Unnamed: 0,Name,Type 1,Type 2,HP,Attack,Defense,Sp. Atk,Sp. Def,Speed,Generation,Legendary
0,Bulbasaur,Grass,Poison,45,49,49,65,65,45,1,False
1,Ivysaur,Grass,Poison,60,62,63,80,80,60,1,False
2,Venusaur,Grass,Poison,80,82,83,100,100,80,1,False
3,Mega Venusaur,Grass,Poison,80,100,123,122,120,80,1,False
4,Charmander,Fire,,39,52,43,60,50,65,1,False
...,...,...,...,...,...,...,...,...,...,...,...
795,Diancie,Rock,Fairy,50,100,150,100,150,50,6,True
796,Mega Diancie,Rock,Fairy,50,160,110,160,110,110,6,True
797,Hoopa Confined,Psychic,Ghost,80,110,60,150,130,70,6,True
798,Hoopa Unbound,Psychic,Dark,80,160,60,170,130,80,6,True


- We posit that Pokemons of type Dragon have, on average, more HP stats than Grass. Choose the propper test and, with 5% significance, comment your findings.

In [21]:
df_dragon = df_pokemon[df_pokemon['Type 1'] == 'Dragon']
df_grass = df_pokemon[df_pokemon['Type 1'] == 'Grass']
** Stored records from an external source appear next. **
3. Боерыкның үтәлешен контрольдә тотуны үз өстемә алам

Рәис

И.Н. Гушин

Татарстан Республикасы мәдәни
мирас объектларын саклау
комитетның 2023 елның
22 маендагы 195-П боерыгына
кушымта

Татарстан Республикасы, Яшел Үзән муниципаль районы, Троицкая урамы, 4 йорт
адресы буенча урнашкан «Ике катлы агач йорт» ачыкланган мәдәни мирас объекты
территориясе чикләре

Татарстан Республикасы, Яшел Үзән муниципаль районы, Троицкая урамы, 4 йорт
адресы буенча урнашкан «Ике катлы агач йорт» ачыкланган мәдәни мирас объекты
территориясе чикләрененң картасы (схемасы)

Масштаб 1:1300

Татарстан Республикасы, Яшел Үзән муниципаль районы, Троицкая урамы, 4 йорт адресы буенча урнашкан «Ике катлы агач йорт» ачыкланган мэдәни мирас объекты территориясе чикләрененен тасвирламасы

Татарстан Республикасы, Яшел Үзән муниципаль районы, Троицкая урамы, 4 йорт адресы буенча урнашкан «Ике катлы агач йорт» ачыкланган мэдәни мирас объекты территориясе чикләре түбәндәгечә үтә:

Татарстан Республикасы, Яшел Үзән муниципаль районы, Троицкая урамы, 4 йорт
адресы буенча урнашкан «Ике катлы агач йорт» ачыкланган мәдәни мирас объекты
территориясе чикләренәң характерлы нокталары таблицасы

ks_statistic, ks_p_value = stats.kstest(df_dragon["HP"], df_grass["HP"], 'norm')
ks_statistic, ks_p_value

(0.3821428571428571, 0.002158972680295076)

In [23]:
if ks_p_value < 0.05:
    print("Reject the null hypothesis: Dragon Pokemon have significantly different HP than Grass-type.")
else:
    print("Fail to reject the null hypothesis: No significant difference in HP between Dragon and Grass types.")
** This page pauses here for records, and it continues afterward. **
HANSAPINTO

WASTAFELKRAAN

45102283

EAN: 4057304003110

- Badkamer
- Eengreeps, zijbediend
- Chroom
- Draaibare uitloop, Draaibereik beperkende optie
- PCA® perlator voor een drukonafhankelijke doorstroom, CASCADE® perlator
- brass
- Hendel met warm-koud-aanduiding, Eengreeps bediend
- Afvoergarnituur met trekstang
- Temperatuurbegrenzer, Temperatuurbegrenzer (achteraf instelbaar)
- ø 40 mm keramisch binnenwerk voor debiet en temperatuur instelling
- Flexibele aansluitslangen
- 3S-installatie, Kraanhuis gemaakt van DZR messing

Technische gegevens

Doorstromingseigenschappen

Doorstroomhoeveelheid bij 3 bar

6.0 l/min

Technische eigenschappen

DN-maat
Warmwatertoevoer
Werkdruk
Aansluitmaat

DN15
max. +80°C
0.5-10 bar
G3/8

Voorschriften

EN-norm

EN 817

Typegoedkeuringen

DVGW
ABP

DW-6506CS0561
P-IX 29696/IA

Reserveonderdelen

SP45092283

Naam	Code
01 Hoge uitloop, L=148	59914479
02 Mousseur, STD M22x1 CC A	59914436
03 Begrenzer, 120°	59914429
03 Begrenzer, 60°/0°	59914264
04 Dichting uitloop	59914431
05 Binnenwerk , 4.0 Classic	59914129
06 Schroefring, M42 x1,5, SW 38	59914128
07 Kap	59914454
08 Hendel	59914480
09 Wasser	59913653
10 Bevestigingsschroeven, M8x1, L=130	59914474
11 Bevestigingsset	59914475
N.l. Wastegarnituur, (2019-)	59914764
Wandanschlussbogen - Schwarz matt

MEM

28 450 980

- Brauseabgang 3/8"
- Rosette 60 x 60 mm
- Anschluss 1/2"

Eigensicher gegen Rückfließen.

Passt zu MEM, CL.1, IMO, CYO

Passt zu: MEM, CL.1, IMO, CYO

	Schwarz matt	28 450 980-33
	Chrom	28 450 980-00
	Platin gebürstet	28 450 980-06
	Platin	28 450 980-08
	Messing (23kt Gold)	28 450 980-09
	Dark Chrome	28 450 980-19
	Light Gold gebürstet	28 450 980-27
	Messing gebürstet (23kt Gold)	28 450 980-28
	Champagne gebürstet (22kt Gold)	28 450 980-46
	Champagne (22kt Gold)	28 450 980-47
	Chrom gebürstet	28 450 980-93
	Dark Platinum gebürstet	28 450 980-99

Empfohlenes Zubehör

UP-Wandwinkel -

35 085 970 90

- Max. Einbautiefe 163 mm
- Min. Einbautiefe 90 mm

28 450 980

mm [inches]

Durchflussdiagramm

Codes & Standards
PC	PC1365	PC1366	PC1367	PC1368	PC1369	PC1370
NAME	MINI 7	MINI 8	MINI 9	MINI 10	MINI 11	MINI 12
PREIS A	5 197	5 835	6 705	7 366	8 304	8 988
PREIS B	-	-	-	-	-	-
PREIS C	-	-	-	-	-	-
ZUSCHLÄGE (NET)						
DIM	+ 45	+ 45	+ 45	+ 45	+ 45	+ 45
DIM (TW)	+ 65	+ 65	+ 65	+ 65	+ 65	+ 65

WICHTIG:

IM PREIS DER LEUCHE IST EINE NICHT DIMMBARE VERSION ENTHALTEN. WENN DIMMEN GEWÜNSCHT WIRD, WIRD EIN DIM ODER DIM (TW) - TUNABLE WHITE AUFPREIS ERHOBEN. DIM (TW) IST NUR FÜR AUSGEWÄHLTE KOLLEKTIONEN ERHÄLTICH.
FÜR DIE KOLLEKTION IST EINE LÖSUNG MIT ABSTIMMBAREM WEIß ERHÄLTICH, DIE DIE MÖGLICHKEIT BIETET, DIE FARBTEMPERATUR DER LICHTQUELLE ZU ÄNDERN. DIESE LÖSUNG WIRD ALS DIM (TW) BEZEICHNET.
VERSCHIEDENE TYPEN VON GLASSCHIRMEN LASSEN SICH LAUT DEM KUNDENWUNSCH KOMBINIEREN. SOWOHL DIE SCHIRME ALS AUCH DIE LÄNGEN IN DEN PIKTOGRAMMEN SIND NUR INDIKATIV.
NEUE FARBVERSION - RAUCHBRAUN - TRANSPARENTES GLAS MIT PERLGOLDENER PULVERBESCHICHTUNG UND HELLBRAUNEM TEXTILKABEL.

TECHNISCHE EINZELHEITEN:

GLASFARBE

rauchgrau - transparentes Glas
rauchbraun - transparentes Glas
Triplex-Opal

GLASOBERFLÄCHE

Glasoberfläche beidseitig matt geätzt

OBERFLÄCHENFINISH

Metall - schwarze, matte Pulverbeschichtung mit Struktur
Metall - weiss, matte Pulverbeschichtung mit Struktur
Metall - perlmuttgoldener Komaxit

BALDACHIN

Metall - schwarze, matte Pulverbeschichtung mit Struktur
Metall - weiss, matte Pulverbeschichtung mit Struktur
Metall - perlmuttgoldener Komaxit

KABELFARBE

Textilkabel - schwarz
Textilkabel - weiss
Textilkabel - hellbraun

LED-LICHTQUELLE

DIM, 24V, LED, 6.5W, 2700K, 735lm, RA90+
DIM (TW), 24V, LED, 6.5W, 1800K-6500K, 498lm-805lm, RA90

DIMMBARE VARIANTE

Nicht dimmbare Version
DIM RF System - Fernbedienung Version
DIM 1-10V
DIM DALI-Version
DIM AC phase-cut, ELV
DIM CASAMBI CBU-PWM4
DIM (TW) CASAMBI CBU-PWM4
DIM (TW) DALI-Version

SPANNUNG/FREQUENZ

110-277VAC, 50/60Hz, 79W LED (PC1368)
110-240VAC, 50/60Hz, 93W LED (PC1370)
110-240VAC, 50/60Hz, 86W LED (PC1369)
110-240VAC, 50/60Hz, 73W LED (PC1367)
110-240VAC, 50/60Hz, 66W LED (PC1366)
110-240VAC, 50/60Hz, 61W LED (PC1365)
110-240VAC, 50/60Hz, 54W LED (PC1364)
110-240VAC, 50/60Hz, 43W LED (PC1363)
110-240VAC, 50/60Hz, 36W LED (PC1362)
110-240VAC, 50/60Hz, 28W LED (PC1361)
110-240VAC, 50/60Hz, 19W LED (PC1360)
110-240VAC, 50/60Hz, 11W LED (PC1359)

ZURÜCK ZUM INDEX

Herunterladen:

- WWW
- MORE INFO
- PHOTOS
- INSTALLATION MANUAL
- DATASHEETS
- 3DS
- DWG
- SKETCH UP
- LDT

Reject the null hypothesis: Dragon Pokemon have significantly different HP than Grass-type.


- We posit that Legendary Pokemons have different stats (HP, Attack, Defense, Sp.Atk, Sp.Def, Speed) when comparing with Non-Legendary. Choose the propper test and, with 5% significance, comment your findings.


In [58]:
# T-Test is more appropriate for comparing means of continuous data

# Stats to compare
stats_columns = ["HP", "Attack", "Defense", "Sp. Atk", "Sp. Def", "Speed"]

# Split dataset into Legendary and Non-Legendary Pokémon
df_leg = df_pokemon[df_pokemon["Legendary"] == True]
df_non_leg = df_pokemon[df_pokemon["Legendary"] == False]
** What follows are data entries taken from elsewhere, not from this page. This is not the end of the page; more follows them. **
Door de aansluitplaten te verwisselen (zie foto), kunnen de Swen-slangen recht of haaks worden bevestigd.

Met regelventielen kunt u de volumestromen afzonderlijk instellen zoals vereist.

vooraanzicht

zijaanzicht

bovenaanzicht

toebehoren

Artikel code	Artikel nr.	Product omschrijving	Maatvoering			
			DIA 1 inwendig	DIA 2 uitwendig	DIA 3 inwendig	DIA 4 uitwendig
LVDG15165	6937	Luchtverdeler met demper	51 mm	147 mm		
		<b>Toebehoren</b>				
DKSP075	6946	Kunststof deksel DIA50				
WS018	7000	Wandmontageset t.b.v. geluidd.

# Perform T-test for each stat
for stat in stats_columns:
    t_stat, p_value = stats.ttest_ind(df_leg[stat], df_non_leg[stat], equal_var=False)
    print(f"T-test for {stat}: Statistic = {t_stat:.4f}, p-value = {p_value:.4e}")
    
    # Interpret results
    if p_value < 0.05:
        print(f"Statistically significant result: Reject the null hypothesis for {stat} (Legendary Pokémon differ)")
    else:
        print(f"Not statistically significant: Fail to reject the null hypothesis for {stat} (No significant difference)")
    
    print()

#The results of the independent samples T-test 
#confirm that Legendary Pokémon have significantly different stats compared to Non-Legendary Pokémon across all attributes analyzed (HP, Attack, Defense, Sp. Atk, Sp. Def, and Speed).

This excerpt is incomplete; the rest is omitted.